(Stored data)
#####

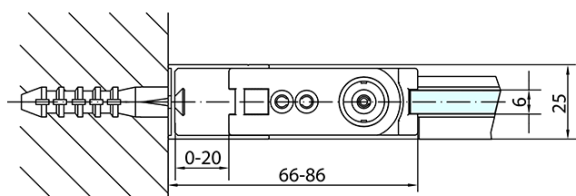

ZOOM Black obdĺžniková sprchová zástena 900x800mm L/P varianta

Technický list

	B
ZL1290B-ZL3270B	670-690
ZL1290B-ZL3280B	770-790
ZL1290B-ZL3290B	870-890
ZL1290B-ZL3210B	970-990

#####

Only the line containing "Technický list" and the lines after it, up to and including the last line of the data, should appear in the answer, exactly as written.

Technický list

	B
ZL1290B-ZL3270B	670-690
ZL1290B-ZL3280B	770-790
ZL1290B-ZL3290B	870-890
ZL1290B-ZL3210B	970-990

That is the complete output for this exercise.